The Queryer transforms Postgres into a pre-compiled Semantic Query Engine via the jspg_query(schema_id text, cue jsonb) API, designed to serve the exact shape of Punc responses directly via SQL.

Core Features

  • Schema-to-SQL Compilation: Compiles JSON Schema ASTs spanning deep arrays directly into static, pre-planned SQL multi-JOIN queries.

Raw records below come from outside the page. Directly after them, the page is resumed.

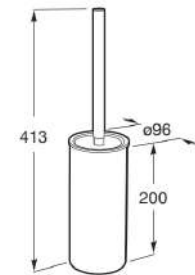

Floorstanding toilet brush holder.

RA817038001
Chrome

RA817038CNO
Titanium Black

RA817038RGO
Rose Gold

RA817038NMO
Brushed Black

Finishes: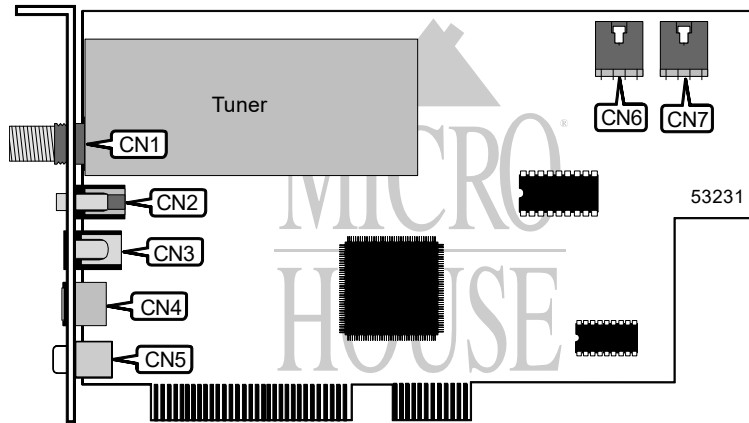

STB SYSTEMS, INC.

TV PCI

Card Type	Tuner Adapter Card
Video Chip Set	Tseng Labs
Maximum Video Memory	2.25 MB MDRAM
Video Types Supported	XVGA
Highest Resolution Supported	1280 x 1024
Data Bus	32-bit PCI

CONNECTIONS			
Function	Label	Function	Label
TV antenna input	CN1	Video line input	CN5
Stereo Audio input	CN2	CD-ROM Audio input	CN6
12v power output	CN3	CD-ROM Audio output	CN7
S-video input	CN4

  • DashMap SQL Caching: Executes compiled SQL via Postgres SPI execution, securely caching the static string compilation templates per schema permutation inside the GLOBAL_JSPG application memory, drastically reducing repetitive schema crawling.
  • Dynamic Filtering: Binds parameters natively through cue.filters objects. Dynamically handles string formatting (e.g. parsing uuid or formatting date-times) and safely escapes complex combinations utilizing ILIKE operations correctly mapped to the originating structural table.
  • The Stem Engine: Rather than over-fetching heavy Entity payloads and trimming them, Punc Framework Websockets depend on isolated subgraphs defined as Stems.
    • During initialization, the generator auto-discovers graph boundaries (Stems) inside the schema tree.
    • The Queryer prepares dedicated SQL execution templates tailored precisely for that exact Stem path (e.g. executing get_dashboard queried specifically for the /owner stem).
    • These Stem outputs instantly hydrate targeted Go Bitsets, providing O(1) real-time routing for fractional data payloads without any application-layer overhead.